A escala da bioluminescência é sobreposta a essas imagens para fornecer uma medida da intensidade da emissão de luz. Para serem elegíveis para inclusão em uma coorte de ensaios pré-clínicos, os camundongos devem ter um sinal de bioluminescência detectável, um e três dias após o enxerto, e a intensidade do sinal deve aumentar entre os dias um e três. Aqui é mostrado um aumento progressivo típico na bioluminescência observado de um a 18 dias após o enxerto em um xenoenxerto ortotópico adequadamente estabelecido em um camundongo nu.

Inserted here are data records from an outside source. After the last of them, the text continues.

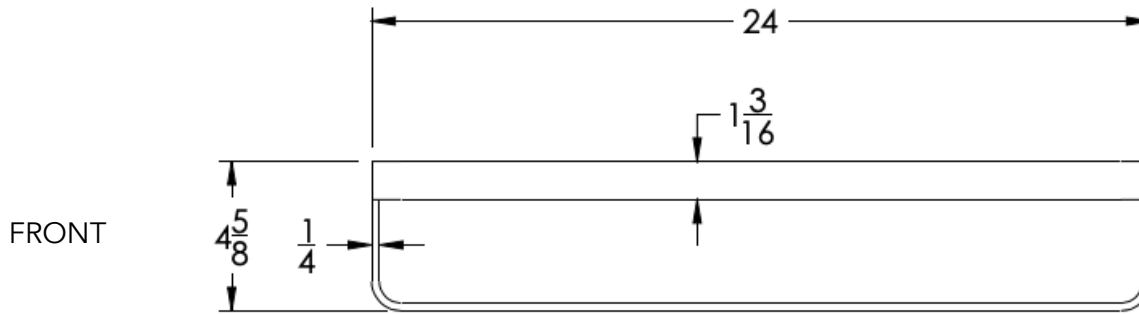

Dimensions in inches

NOTE: Dimensions subject to change without notice.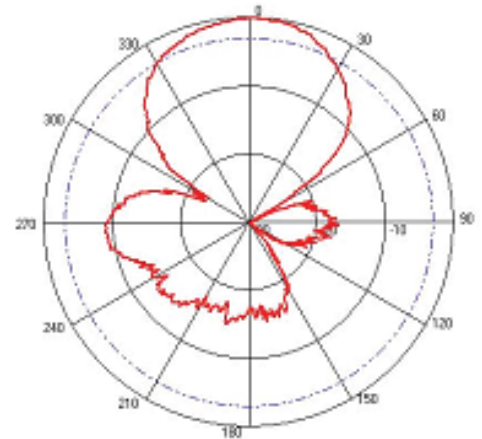

## 5.8GHz Directional Yagi Antenna

#### Electrical Specifications

Frequency	5725-5850MHz
VSWR	<1.5
Input Impedance	50Ω
Gain	12dBi
Front to Back Ratio	≥15dB
Vertical Plane (3dB)	50°±3°
HorizontalPlane(3dB)	55°±3°
Polarization Type	Vertical
MaximumInput Power	100W
Lightning protection	DC ground
Connector Type	N Female
cable	200mm

#### Mechanical Specifications

Weighing	175g
Gross weight	190 g
Dimension	95×33×190mm
Dimension packing	105×50×280 mm
Rated Wind Velocity	210km/h
Working temperature	-40°C~+60°C

Observe a semelhança nos sinais detectados na região de interesse de diferentes camundongos. A recriação de imagens 10 dias e 18 dias após o enxerto mostra que os sinais bioluminescentes aumentam progressivamente no local do enxerto em camundongos individuais. A quantificação dos sinais bioluminescentes observados de um a 24 dias após a enxertia mostra que, embora esses sinais aumentem progressivamente, o crescimento do tumor acelera acentuadamente nos estágios posteriores do período de estudo.

Dado o crescimento agressivo de M pns ts, as células tumorais enxertadas freqüentemente rompem as barreiras normais do nervo e invadem os tecidos adjacentes. Esta micrografia fotográfica do local do enxerto demonstra o crescimento do tumor e a invasão focal no músculo esquelético adjacente Uma vez dominada, esta técnica pode ser realizada em um camundongo em 10 minutos quando feita corretamente.